Kwikset’s letter states that, Kwikset and Baldwin, Price and Weiser are “related” in that “all four entities are companies of the Black & Decker Corporation and all four companies are managed under Black & Decker Hardware and Home Improvement Group.” The four companies are headquartered in the same facility. The hardware manufactured by Kwikset is marketed under the Kwikset, Weiser and Baldwin brand names. Kwikset also states that, “all financial data” for the four entities “is consolidated under the Black and Decker Hardware and Home Improvements Group on a monthly basis and submitted together to the Black and Decker corporate office . . . .” “All four companies . . . have the same officers, including the vice presidents of finance, supply chain, manufacturing, international, sourcing and information technology. Kwikset and Weiser . . . have the same sales organization.” But, the four companies admit and withdraw merchandise to the zone and file entries using their own importer of record number.

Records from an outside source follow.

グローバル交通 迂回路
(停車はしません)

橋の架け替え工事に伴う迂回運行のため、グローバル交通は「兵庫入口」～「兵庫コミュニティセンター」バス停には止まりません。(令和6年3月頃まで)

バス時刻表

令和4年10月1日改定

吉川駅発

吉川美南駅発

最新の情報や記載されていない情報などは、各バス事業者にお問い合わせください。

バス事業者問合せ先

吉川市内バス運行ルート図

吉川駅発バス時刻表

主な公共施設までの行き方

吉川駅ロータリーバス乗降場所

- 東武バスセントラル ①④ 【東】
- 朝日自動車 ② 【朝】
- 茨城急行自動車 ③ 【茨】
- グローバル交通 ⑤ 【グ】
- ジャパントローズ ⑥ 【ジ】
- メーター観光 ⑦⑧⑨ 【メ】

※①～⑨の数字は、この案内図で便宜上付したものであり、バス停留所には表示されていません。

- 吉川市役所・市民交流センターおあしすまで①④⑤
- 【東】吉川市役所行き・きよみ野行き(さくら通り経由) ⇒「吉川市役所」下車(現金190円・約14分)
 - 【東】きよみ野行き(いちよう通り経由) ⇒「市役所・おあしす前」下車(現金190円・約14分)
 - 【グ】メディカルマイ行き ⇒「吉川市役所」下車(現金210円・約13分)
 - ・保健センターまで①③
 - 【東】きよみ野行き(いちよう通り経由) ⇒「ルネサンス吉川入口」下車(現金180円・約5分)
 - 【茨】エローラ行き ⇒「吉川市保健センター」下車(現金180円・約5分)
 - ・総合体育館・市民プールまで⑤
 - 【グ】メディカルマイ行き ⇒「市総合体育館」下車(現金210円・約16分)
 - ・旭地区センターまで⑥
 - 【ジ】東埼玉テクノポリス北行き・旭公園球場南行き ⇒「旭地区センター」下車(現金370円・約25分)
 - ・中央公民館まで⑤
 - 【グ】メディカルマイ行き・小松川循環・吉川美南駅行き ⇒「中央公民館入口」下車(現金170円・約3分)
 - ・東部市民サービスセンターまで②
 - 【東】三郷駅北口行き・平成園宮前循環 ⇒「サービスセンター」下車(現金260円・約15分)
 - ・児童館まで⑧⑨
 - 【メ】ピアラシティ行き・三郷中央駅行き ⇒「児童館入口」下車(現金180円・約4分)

The Port Director, Los Angeles, approved Kwikset to use direct delivery at the FTZ but only for “that merchandise [of] which Kwikset is the owner or purchaser, pursuant to 19 C.F.R. 146.39 and 146.40.” Kwikset was not approved to use direct delivery procedures for the merchandise that is admitted to the zone by Baldwin, Price and Weiser. Kwikset now requests that CBP rule that this Baldwin, Price and Weiser merchandise “also may be received at the [FTZ]” using the direct delivery procedures. Kwikset state that, “the only question raised by Los Angeles Customs revolves around . . . whether Kwikset is considered an ‘owner or purchaser’ of the goods” admitted and withdrawn from the zone by Baldwin, Price and Weiser. Accordingly, that is the issue we address.

ISSUES:

For purposes of direct delivery procedures is Kwikset, the FTZ operator, the owner or purchaser within the meaning of 19 C.F.R. § 146.39(c)(3) of the goods admitted to the FTZ by Weiser, Price or Baldwin?

LAW AND ANALYSIS:

Admission of goods to an FTZ generally requires application on a CBP form 214 (CF 214) and prior permission from the port director (see 19 C.F.R. § 146.32). Direct delivery of goods is an exception to these requirements. The CBP Regulations provide for direct delivery procedures at 19 C.F.R. § 146.39. Using direct delivery procedures, merchandise may be delivered to a zone without prior application and approval on a CF 214 (see 146.39(a)) and without being retained for CBP examination (see § 146.36)). Thus, direct delivery procedures expedite the delivery of merchandise to a zone. The direct delivery procedures are designed for goods the nature of which is known to CBP because they are of the type consistently admitted to that zone. Because, when the other criteria in § 146.39(c) is met, such merchandise poses a low risk of violation of the laws CBP enforces, such goods are permitted to be admitted to the zone without prior approval on a CF 214.

The operator of an FTZ that desires to use direct delivery procedures makes application to the port director (see § 146.39(b)) and the port director must approve the application if the criteria set out in § 146.39(c) is satisfied. These criteria are:

(1) The merchandise is not restricted or of a type which requires Customs examination or documentation review before or upon its arrival at the zone; (2) The merchandise to be admitted to the zone, and the operations to be conducted therein, are known well in advance, are predictable and stable over the long term, and are relatively fixed in variety by the nature of the business conducted at the site; and (3) The operator is the owner or purchaser of the goods.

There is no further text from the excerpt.